== Segment start ==

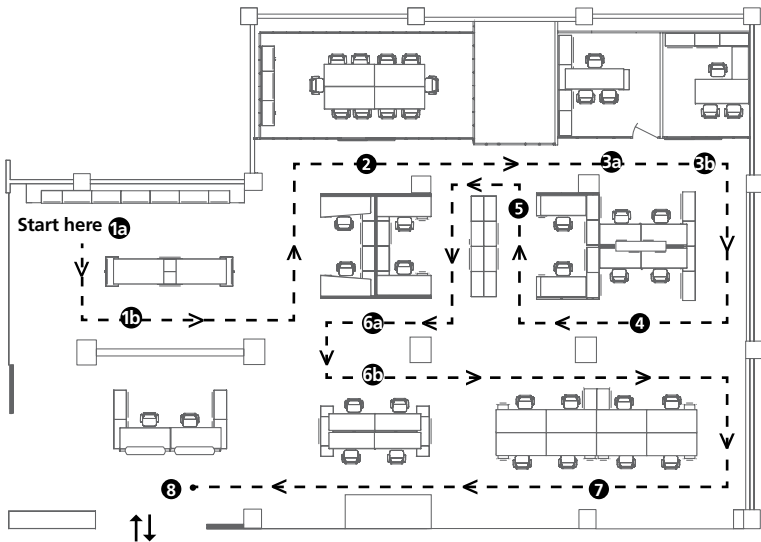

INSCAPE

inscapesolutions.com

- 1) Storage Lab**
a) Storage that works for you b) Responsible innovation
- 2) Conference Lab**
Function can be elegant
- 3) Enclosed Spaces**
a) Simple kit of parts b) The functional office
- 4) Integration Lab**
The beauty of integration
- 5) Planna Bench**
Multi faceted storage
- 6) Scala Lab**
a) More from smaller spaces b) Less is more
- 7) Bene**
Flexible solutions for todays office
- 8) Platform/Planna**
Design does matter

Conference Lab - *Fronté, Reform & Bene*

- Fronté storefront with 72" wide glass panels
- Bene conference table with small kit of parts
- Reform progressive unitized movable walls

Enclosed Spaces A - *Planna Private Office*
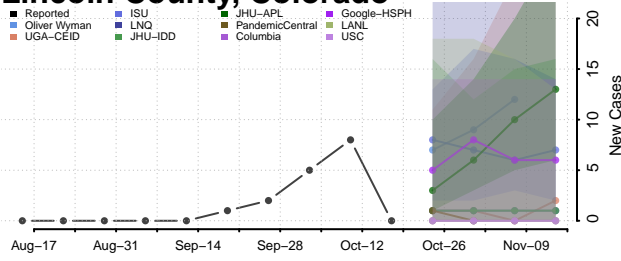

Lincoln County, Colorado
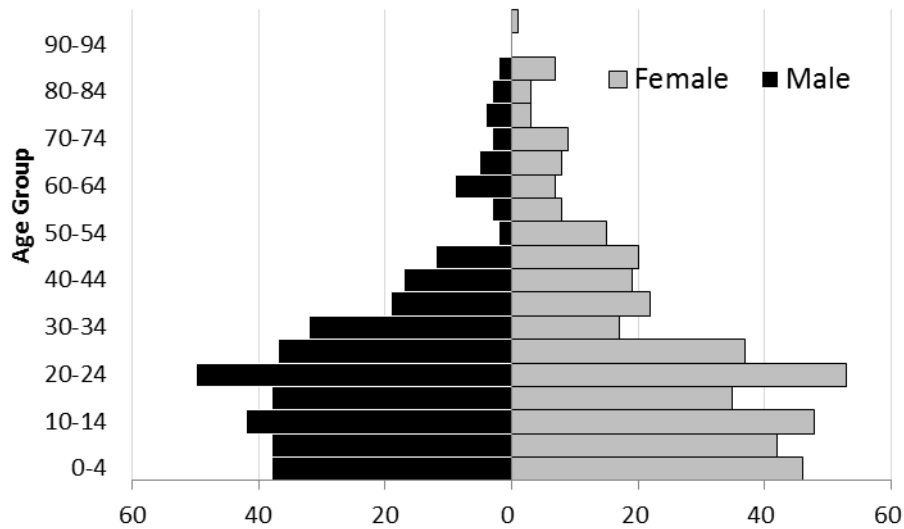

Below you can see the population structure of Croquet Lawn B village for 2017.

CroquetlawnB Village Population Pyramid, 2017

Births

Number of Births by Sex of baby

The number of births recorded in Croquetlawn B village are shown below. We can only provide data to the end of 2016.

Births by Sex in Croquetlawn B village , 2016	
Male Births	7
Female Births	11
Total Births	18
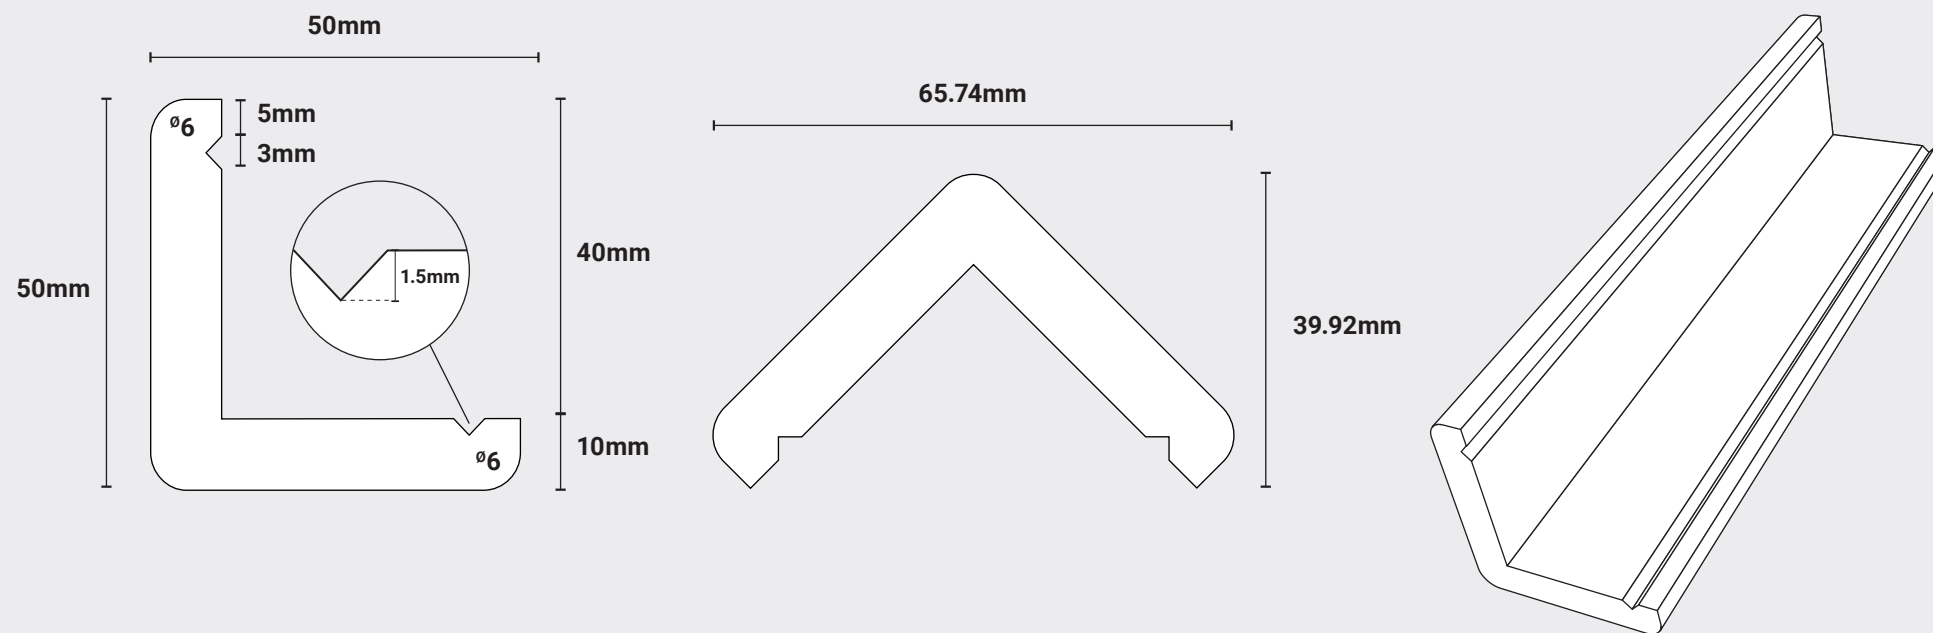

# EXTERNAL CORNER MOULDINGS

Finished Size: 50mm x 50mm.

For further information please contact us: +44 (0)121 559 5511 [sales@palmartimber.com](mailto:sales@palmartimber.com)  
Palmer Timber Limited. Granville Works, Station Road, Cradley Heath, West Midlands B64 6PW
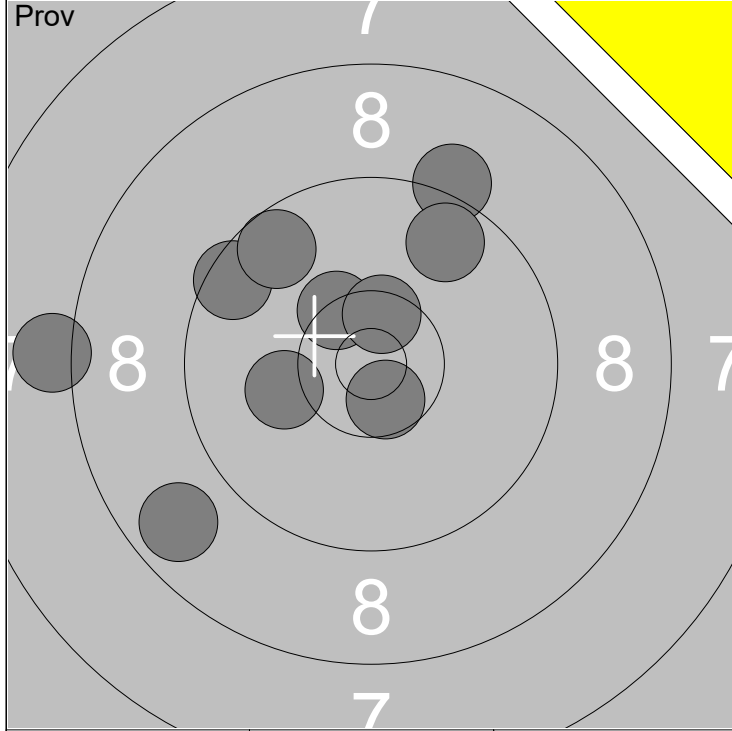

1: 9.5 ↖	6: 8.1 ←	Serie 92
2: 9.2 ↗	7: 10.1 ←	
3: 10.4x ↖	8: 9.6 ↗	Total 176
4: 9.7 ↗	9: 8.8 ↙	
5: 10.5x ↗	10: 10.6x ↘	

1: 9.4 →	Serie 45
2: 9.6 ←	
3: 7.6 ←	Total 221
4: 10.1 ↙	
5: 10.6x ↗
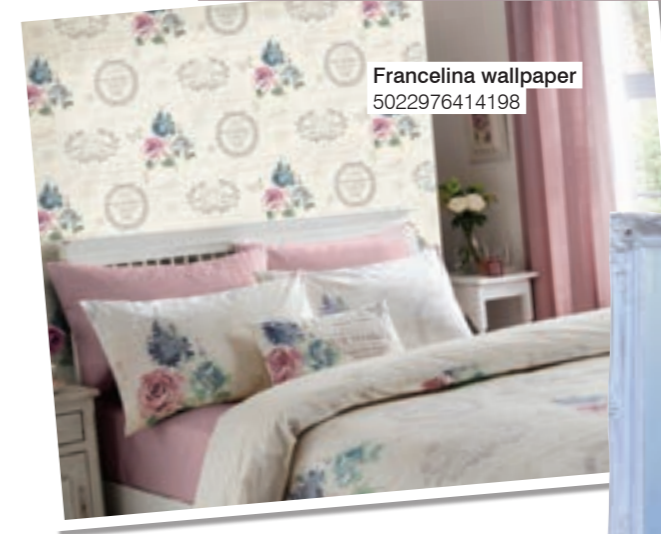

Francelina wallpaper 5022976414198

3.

== Segment end ==
== Segment start ==

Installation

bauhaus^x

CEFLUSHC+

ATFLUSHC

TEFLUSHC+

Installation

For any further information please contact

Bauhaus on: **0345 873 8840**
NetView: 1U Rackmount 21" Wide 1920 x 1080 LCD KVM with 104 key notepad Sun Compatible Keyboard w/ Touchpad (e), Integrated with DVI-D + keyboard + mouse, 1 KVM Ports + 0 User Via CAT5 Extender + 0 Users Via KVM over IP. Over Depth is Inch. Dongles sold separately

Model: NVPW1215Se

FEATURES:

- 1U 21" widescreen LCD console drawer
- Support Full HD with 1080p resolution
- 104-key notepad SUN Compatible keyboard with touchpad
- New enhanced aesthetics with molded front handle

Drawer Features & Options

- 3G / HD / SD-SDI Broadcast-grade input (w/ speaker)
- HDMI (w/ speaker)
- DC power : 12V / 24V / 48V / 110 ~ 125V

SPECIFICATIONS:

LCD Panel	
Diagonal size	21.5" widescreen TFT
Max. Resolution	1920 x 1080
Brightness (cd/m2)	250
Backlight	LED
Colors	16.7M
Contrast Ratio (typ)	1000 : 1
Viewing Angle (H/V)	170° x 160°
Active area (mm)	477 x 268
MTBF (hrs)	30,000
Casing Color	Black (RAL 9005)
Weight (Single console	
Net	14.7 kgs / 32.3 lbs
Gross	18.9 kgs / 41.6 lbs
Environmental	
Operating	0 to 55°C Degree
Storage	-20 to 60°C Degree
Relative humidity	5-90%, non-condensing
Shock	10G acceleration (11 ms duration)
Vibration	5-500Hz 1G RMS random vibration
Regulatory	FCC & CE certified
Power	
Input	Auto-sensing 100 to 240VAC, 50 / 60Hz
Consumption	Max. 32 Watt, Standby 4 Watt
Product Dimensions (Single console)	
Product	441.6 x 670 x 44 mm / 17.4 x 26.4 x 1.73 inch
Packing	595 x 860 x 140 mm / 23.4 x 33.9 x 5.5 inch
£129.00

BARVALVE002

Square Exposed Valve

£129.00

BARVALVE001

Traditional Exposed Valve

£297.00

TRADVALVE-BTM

== Segment end ==

**Task:**
Give back exactly the lines above from the one with "- 1) Storage Lab**" through the one with "Lincoln County, Colorado", both included. Pictures don't belong in the copy.

**Output for this task:**
- 1) Storage Lab**
a) Storage that works for you b) Responsible innovation
- 2) Conference Lab**
Function can be elegant
- 3) Enclosed Spaces**
a) Simple kit of parts b) The functional office
- 4) Integration Lab**
The beauty of integration
- 5) Planna Bench**
Multi faceted storage
- 6) Scala Lab**
a) More from smaller spaces b) Less is more
- 7) Bene**
Flexible solutions for todays office
- 8) Platform/Planna**
Design does matter

Conference Lab - *Fronté, Reform & Bene*

- Fronté storefront with 72" wide glass panels
- Bene conference table with small kit of parts
- Reform progressive unitized movable walls

Enclosed Spaces A - *Planna Private Office*

Lincoln County, Colorado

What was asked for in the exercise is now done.